■ TASK TO CARRY OUT: Beneath this line is the data. Output exactly the lines from the line with "LACADO BRILHO" to the line with "classe de débit", both ends included, and nothing more.

Data items:
-*-*-

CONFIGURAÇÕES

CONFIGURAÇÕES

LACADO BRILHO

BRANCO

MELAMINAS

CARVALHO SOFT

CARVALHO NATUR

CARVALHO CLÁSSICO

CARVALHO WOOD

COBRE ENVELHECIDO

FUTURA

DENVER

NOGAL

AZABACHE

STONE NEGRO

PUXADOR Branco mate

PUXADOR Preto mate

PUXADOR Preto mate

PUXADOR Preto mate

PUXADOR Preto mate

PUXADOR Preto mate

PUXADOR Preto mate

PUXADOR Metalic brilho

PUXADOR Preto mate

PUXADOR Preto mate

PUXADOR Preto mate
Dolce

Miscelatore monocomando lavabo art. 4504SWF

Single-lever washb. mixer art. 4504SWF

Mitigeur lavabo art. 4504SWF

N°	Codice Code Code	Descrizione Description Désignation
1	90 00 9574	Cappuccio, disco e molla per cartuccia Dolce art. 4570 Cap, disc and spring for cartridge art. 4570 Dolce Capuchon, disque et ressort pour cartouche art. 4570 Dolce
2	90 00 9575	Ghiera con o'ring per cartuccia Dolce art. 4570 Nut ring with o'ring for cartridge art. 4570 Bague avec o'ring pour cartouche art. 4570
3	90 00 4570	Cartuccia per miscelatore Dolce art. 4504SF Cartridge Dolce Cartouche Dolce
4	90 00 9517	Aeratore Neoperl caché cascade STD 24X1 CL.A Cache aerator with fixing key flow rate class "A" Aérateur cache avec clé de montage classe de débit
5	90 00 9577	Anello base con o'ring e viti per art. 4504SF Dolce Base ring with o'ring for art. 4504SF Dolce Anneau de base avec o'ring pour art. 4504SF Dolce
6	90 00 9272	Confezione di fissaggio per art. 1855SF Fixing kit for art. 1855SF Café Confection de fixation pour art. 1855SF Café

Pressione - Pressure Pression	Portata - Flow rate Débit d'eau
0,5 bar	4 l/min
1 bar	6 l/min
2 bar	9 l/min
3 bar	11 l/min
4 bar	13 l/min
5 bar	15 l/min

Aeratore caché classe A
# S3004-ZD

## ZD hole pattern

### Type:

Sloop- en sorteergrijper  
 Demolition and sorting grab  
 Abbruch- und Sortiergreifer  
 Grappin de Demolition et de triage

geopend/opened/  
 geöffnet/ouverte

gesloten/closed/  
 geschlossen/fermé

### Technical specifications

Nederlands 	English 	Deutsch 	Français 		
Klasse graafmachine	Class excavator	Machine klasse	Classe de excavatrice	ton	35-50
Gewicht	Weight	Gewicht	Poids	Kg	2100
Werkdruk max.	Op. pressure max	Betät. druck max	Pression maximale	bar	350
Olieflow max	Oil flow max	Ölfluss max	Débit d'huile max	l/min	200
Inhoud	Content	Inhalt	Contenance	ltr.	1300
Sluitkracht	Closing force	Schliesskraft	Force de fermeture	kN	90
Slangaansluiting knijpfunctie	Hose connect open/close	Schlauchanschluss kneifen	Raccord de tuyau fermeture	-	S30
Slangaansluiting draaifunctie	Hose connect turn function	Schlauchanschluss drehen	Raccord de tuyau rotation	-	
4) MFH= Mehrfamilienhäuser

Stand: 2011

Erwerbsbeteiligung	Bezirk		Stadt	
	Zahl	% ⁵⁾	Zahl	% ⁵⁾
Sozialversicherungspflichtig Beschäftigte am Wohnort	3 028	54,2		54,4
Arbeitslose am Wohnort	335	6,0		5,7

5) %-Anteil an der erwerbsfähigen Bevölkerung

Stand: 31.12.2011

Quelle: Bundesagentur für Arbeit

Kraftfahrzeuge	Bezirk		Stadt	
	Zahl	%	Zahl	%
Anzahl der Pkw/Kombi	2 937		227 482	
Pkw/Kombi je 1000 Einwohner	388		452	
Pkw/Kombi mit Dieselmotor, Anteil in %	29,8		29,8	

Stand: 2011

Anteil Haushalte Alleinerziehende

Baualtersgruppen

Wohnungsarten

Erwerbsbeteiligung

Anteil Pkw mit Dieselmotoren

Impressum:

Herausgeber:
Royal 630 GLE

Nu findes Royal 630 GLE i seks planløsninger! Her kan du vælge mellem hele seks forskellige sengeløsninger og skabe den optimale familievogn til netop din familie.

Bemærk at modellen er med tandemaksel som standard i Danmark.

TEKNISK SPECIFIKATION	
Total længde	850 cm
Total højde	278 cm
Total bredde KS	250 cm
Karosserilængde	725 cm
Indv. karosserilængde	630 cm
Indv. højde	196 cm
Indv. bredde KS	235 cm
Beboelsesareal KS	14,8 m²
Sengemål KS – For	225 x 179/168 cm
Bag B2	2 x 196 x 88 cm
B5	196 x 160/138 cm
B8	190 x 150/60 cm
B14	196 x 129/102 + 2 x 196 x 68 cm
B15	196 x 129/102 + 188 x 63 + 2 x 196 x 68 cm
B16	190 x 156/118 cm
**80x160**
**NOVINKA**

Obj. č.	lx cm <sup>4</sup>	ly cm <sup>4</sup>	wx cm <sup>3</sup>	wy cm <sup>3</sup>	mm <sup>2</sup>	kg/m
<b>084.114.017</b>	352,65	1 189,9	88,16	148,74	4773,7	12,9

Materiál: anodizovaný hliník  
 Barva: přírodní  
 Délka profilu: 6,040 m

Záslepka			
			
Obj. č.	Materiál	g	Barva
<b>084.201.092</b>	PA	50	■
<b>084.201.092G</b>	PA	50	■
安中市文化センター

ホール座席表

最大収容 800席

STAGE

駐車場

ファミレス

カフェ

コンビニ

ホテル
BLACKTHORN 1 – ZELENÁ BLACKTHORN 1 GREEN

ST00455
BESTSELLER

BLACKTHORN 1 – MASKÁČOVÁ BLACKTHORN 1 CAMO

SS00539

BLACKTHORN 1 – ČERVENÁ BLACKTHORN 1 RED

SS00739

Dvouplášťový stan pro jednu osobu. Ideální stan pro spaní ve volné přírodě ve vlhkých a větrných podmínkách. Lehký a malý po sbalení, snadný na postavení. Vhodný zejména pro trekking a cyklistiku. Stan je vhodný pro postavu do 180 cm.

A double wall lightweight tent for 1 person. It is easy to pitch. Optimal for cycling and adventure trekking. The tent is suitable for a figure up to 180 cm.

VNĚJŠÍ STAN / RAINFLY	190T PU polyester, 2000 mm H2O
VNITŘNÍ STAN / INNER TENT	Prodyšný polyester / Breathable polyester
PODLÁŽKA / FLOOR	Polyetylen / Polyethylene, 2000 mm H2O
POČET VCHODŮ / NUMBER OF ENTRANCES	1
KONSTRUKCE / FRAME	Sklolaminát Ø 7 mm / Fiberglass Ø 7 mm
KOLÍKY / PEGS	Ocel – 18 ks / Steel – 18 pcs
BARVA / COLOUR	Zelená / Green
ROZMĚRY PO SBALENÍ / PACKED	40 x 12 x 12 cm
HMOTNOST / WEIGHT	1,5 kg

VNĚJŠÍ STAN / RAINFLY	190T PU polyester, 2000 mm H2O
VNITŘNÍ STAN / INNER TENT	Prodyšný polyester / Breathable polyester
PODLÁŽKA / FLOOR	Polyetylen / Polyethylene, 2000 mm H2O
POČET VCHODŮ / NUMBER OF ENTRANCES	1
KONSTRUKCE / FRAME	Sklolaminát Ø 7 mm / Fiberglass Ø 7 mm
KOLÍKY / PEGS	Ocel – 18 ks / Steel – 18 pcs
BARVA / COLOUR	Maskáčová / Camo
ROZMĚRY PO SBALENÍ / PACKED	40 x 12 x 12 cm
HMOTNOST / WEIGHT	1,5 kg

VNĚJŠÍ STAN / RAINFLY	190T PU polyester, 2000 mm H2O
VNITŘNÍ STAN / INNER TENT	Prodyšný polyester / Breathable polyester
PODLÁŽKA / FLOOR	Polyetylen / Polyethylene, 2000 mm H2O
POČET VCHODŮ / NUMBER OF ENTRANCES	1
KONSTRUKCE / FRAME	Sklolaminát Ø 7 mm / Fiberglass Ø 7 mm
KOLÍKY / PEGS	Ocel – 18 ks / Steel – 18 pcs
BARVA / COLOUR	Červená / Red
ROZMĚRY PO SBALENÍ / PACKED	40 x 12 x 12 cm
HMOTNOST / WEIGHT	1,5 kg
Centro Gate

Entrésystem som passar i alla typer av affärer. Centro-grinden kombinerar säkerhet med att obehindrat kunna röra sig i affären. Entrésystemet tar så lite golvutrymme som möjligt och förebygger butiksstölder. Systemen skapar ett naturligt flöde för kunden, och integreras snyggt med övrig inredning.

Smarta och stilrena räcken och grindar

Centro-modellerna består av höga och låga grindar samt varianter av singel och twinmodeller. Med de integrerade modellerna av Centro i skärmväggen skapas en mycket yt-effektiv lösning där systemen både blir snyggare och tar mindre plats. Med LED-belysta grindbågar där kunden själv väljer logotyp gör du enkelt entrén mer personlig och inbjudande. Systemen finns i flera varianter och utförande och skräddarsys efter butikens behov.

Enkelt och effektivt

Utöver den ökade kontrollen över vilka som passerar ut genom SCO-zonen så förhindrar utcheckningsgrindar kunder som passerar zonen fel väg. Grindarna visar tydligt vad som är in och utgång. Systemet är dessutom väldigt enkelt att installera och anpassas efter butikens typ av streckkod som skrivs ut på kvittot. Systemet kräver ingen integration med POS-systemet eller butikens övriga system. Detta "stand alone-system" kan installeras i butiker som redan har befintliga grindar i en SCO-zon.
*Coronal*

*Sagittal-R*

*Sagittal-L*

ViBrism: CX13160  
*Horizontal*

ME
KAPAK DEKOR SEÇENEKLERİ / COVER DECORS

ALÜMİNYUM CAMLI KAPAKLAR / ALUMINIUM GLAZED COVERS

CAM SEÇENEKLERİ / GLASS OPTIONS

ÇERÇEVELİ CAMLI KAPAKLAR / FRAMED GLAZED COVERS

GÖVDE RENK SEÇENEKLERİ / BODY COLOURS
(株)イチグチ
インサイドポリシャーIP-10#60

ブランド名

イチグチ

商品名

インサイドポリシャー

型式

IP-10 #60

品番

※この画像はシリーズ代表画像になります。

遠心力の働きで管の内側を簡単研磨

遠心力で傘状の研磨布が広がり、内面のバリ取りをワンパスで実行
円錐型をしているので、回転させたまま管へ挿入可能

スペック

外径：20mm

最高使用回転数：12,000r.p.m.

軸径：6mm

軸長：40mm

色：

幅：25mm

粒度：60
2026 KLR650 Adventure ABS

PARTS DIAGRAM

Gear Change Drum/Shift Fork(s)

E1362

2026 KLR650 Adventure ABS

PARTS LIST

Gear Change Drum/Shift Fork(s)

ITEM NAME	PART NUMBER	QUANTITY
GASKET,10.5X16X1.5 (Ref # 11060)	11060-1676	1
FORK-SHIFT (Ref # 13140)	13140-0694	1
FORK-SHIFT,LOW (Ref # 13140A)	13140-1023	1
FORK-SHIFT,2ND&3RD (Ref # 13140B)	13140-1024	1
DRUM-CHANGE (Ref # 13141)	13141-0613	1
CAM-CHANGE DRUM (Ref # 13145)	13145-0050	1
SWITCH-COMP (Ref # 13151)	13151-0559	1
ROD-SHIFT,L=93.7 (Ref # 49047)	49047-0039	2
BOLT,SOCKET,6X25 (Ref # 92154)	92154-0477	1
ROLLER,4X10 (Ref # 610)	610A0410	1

-*-*-

■ WRITTEN RESPONSE:
LACADO BRILHO

BRANCO

MELAMINAS

CARVALHO SOFT

CARVALHO NATUR

CARVALHO CLÁSSICO

CARVALHO WOOD

COBRE ENVELHECIDO

FUTURA

DENVER

NOGAL

AZABACHE

STONE NEGRO

PUXADOR Branco mate

PUXADOR Preto mate

PUXADOR Preto mate

PUXADOR Preto mate

PUXADOR Preto mate

PUXADOR Preto mate

PUXADOR Preto mate

PUXADOR Metalic brilho

PUXADOR Preto mate

PUXADOR Preto mate

PUXADOR Preto mate
Dolce

Miscelatore monocomando lavabo art. 4504SWF

Single-lever washb. mixer art. 4504SWF

Mitigeur lavabo art. 4504SWF

N°	Codice Code Code	Descrizione Description Désignation
1	90 00 9574	Cappuccio, disco e molla per cartuccia Dolce art. 4570 Cap, disc and spring for cartridge art. 4570 Dolce Capuchon, disque et ressort pour cartouche art. 4570 Dolce
2	90 00 9575	Ghiera con o'ring per cartuccia Dolce art. 4570 Nut ring with o'ring for cartridge art. 4570 Bague avec o'ring pour cartouche art. 4570
3	90 00 4570	Cartuccia per miscelatore Dolce art. 4504SF Cartridge Dolce Cartouche Dolce
4	90 00 9517	Aeratore Neoperl caché cascade STD 24X1 CL.A Cache aerator with fixing key flow rate class "A" Aérateur cache avec clé de montage classe de débit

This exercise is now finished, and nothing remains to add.